Fox's new Hollywood-insider comedy Action begins with such a bust of offensive outrageousness that it manages to lay out, in the first two minutes, both its potential and its problems. High-powered studio executive Peter Dragon (Jay Mohr) verbally savages a lowly commissary employee after parking in his employee-of-the-month space, letting loose a tirade of beeped-out profanity that turned hair all over the midwest a milky white.

It was great stuff: mean, hurtful, over-the-top, the perfect antidote to TV-bland. Unfortunately, it also wasn't very funny. It was shocking and fun, but most of the jokes revolved around the employee's ability to not pee in Cobb salads -- not exactly Swiftian sophistication. For the next hour, Action see-sawed between extremes, being simply outrageous on one hand and being very funny while being outrageous on the other.

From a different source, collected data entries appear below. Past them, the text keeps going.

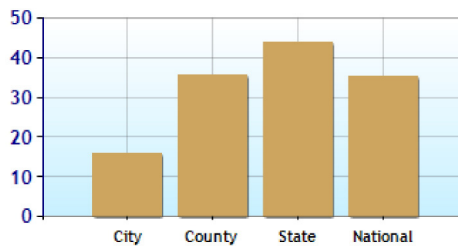

Homes Statistics near dublin, OH

	City	County	State	National
Median Age of Home	15.9	35.7	43.8	35.1

?	Homes Owned	75.2%	50.2%	60.7%	57.7%
?	Homes Rented	19.8%	40.3%	29.1%	30.9%
?	Homes Vacant	5.0%	9.5%	10.2%	11.4%

Average Rental Cost - Ten Year Chart

Percentage of Homes Rented - Thirty Year Chart

Percentage of Homes Owned - Thirty Year Chart

Home Use

Median Age of Home

Homes Statistics near Zip Code 43017

	Zipcode	City	County	National	
?	Median Age of Home	22.2	15.9	35.7	35.1
?	Homes Owned	66.5%	75.2%	50.2%	57.7%
?	Homes Rented	28.3%	19.8%	40.3%	30.9%
?	Homes Vacant	5.2%	5.0%	9.5%	11.4%

Average Rental Cost - Ten Year Chart

Percentage of Homes Rented - Thirty Year Chart

Percentage of Homes Owned - Thirty Year Chart

Home Use

Median Age of Home

The data included herein is a compilation of many disparate datasets obtained from various sources and compiled by Real Estate Digital. [Complete list of data sources](#). We use our best efforts to present the most accurate and up-to-date information, but we are not responsible for the results of any defects that may be found to exist, or any lost profits or other consequential damages that may result from such defects. You should not assume that this content is error-free or that it will be suitable for the particular purpose that you have in mind when using it. The owner and operator of the website that displays this data makes no warranty or representation of any kind with respect to the completeness or accuracy of the information included herein.
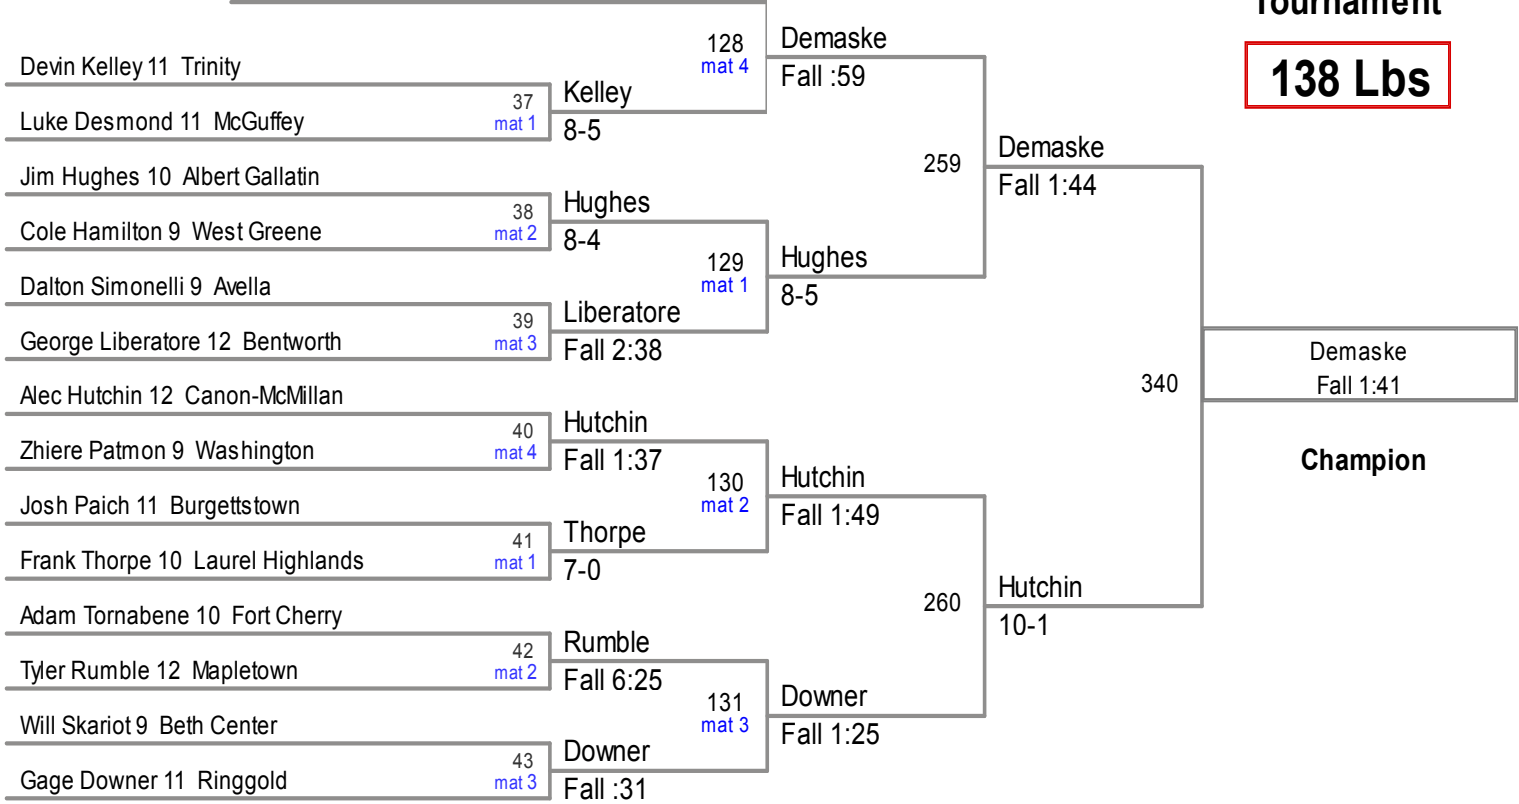

BYE

Riskey

2014 Tri County Tournament

120 Lbs

2014 Tri County Tournament

126 Lbs

A.C. Headlee 11 Waynesburg

BYE

2014 Tri County
Tournament

132 Lbs

2014 Tri County Tournament

138 Lbs

John Demaske 12 Jefferson Morgan

BYE

Patmon

Tony Welsh 10 Beth Center
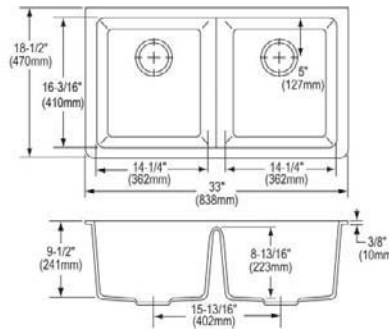

ELGU3322C

Elkay Quartz Classic® 33" x 18-1/2" x 9-1/2" Equal Double Bowl Undermount Sink Kit

- Dimensions: 33" x 18-1/2" x 9-1/2"
- 3-5/8" (92mm) drain opening
- 36" minimum cabinet size

Includes: Two LKOBG1516SS Bottom Grids, LKQS35 Strainer, LKQD35 Flange, LKCLKIT Cleaning Kit

▼ **Ships in multiple boxes.**

Optional Accessories

Rinsing basket

LKWRB1516SS

Drain

LKQD35

LKQS35

Ship Dims: 37-11/16" x 41" x 16-1/16"

Approx. Ship Weight: 66 lbs.

Case in point: When Dragon introduces his date for the evening as a hooker (Illeana Douglas), his head of production boggles. "She's your whore?" "No," Dragon replies. "She's my prostitute. You're my whore."

Now that's funny. It's just as outrageous as peeing-in-Cobb-salad jokes, but it tells a truth about Hollywood that simple ha-ha gross-outs can't.

But then the balance slips back the other way almost immediately. Asked what she thought of a movie's soundtrack, she says, "I thought it sucked." "It's electronic," the head of production sneers. "So's my vibrator," she answers, "but I don't want to sit in a chair and listen to it for an hour and a half."

See? Both scenes may make you gasp that such things every got on broadcast television, both may make you ex-Arsenio Hall Show viewers want to wave your arm in the air and go "Woof! Woof! Woof!", but only one makes you laugh.

Back: Dragon finds he's paid a quarter of a million dollars for the wrong script because he confused writers "Alan Rafkin" and "Adam Rifkin." Forth: The commissary employee actually pees in Dragon's Cobb salad! Whoooa! Woof! Woof! Woof!

Of course, that Action makes you laugh at all puts it near the top of the heap, given all the other dreck that slinks onto the air. Both Mohr and Douglas give admirable performances, full of A-list detachment and self-absorption on one hand and matter-of-fact practicality on the other. Even the shock of finding the animated corpse of Buddy Hackett mellows into pleasant surprise, when you realize he's not going to do his Buddy Hackett schtick.

But it's frustrating to watch a show that obviously has a brain in its head and something to say stoop to low-level dirty-mouthing for a laugh. As far as I'm concerned, Action can be as nasty, immoral or disgusting as it wants to be -- it just needs to be funny, too.